━━━ SOURCE INFORMATION

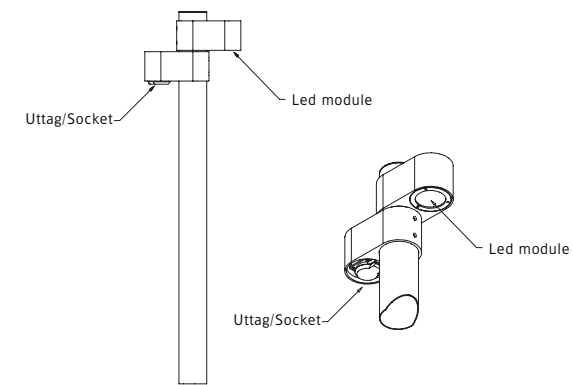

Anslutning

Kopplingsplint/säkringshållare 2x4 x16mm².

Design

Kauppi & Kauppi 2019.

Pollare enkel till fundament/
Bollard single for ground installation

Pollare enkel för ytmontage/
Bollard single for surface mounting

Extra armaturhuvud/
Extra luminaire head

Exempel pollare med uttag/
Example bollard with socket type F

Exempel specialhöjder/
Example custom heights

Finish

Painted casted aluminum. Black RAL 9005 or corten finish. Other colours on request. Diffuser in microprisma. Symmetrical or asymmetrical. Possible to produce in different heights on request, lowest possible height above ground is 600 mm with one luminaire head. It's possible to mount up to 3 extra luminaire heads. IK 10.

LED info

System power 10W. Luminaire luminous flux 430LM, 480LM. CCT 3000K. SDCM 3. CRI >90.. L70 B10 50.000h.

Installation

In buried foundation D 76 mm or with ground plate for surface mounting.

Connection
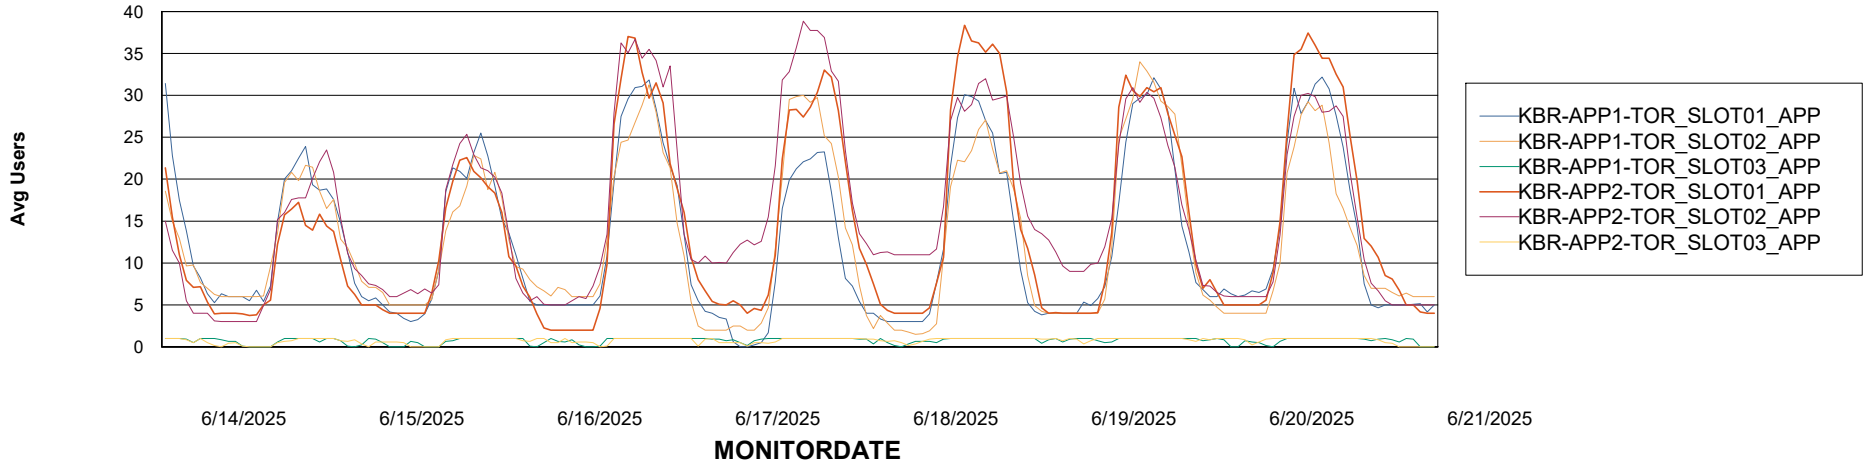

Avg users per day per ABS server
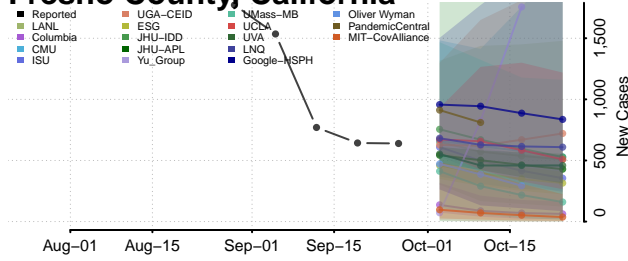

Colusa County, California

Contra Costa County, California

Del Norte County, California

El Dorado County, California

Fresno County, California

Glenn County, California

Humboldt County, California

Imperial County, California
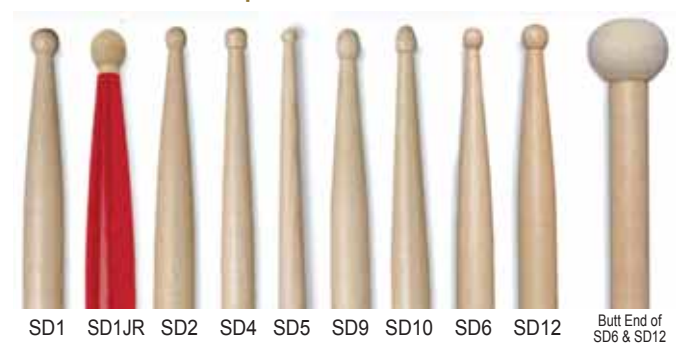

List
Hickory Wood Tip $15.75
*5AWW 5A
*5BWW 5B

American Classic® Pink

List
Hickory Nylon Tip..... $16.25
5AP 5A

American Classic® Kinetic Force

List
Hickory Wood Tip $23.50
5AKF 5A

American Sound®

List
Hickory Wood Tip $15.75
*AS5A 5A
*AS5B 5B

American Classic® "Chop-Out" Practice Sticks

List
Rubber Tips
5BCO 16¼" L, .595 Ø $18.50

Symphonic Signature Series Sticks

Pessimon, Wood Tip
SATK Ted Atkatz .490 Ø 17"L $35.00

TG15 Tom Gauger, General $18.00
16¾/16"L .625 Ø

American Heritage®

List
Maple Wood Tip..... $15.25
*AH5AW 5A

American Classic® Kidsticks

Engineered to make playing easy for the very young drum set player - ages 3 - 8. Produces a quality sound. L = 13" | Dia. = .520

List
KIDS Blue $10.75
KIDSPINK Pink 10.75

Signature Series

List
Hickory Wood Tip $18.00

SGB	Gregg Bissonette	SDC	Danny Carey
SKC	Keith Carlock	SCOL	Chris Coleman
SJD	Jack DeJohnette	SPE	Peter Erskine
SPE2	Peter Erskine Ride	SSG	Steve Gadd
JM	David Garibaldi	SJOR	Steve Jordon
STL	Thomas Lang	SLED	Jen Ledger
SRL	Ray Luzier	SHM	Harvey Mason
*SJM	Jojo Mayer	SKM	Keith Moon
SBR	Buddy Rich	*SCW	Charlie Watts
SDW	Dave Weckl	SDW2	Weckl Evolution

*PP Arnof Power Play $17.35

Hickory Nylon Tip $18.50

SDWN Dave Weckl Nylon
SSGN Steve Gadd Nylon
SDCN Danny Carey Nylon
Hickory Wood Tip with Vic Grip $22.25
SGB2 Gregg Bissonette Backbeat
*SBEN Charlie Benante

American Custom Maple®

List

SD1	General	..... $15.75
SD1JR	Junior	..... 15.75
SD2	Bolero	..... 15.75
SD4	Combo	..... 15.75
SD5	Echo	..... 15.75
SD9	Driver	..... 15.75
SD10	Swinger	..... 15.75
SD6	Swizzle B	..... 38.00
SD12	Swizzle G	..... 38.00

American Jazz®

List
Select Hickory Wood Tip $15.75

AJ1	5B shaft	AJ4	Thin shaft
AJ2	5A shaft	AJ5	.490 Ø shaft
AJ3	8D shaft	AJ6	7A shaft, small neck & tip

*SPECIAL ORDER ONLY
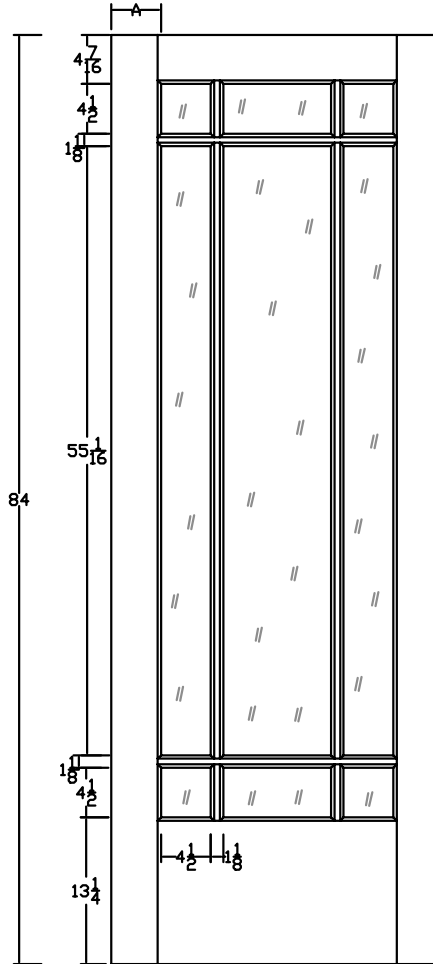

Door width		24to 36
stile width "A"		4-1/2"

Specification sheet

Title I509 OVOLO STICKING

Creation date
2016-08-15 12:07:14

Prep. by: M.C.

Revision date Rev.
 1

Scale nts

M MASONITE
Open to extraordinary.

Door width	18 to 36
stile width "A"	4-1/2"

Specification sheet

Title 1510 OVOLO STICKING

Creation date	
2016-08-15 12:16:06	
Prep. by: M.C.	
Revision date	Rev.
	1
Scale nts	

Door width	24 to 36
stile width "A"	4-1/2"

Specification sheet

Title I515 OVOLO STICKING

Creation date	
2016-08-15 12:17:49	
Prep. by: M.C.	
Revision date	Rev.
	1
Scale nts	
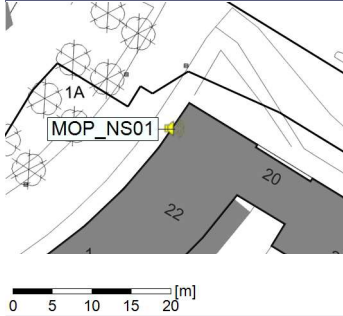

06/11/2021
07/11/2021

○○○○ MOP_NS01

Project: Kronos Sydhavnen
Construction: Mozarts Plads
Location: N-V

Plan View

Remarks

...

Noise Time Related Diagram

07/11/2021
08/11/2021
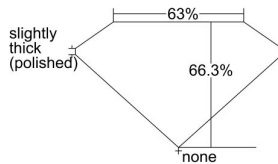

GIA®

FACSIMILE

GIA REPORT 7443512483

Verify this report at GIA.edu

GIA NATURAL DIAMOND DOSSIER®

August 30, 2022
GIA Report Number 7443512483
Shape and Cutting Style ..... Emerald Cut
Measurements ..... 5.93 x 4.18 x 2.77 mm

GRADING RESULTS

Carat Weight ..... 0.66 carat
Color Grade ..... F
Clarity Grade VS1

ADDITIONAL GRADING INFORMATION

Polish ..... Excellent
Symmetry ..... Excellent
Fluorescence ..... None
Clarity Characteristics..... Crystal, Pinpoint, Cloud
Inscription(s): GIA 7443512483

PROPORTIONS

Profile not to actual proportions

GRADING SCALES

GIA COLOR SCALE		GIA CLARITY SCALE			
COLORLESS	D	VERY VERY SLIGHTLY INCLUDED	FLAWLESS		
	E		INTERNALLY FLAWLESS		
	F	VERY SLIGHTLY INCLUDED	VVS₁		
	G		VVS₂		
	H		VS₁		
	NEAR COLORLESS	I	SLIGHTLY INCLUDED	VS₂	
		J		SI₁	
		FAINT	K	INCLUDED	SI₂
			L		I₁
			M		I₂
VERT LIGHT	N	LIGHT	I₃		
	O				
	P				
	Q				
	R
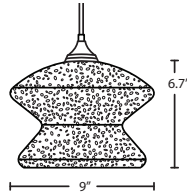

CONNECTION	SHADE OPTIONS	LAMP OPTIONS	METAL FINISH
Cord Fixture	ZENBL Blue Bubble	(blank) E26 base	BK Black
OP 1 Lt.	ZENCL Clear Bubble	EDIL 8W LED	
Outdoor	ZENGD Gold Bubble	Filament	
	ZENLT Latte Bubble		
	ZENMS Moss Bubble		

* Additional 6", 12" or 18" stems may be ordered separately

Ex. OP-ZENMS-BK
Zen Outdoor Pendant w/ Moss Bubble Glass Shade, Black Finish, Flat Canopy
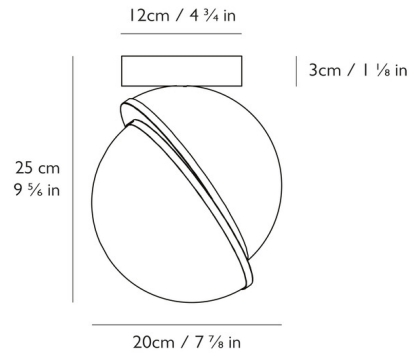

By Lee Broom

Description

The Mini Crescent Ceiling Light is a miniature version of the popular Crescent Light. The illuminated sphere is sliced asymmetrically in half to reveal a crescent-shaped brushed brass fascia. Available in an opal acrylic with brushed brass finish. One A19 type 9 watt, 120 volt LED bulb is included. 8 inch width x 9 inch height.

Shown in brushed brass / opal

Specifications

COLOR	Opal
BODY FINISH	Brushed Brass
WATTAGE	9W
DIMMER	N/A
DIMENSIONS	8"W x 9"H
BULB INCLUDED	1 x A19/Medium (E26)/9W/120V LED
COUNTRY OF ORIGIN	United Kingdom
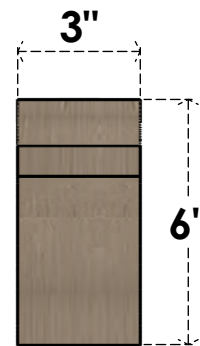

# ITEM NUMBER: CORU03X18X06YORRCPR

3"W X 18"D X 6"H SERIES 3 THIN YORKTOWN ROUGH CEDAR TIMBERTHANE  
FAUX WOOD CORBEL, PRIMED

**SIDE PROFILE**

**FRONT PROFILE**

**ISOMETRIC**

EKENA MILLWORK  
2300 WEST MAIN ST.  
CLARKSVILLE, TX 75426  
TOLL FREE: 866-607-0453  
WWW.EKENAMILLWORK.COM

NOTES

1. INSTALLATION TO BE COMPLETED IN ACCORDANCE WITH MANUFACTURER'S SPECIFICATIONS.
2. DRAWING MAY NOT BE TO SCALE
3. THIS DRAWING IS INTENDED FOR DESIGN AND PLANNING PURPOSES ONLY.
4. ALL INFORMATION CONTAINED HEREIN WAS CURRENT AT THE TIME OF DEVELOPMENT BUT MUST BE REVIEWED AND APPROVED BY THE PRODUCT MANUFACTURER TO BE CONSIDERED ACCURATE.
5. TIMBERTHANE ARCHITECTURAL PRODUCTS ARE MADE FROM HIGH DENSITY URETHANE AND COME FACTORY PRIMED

━━━━━━

EXERCISE PROMPT. A faithful copy is required of the lines from the one with "2. DRAWING MAY NOT BE TO SCALE" through the last line of the data; please add nothing.

RESULT BELOW.
2. DRAWING MAY NOT BE TO SCALE
3. THIS DRAWING IS INTENDED FOR DESIGN AND PLANNING PURPOSES ONLY.
4. ALL INFORMATION CONTAINED HEREIN WAS CURRENT AT THE TIME OF DEVELOPMENT BUT MUST BE REVIEWED AND APPROVED BY THE PRODUCT MANUFACTURER TO BE CONSIDERED ACCURATE.
5. TIMBERTHANE ARCHITECTURAL PRODUCTS ARE MADE FROM HIGH DENSITY URETHANE AND COME FACTORY PRIMED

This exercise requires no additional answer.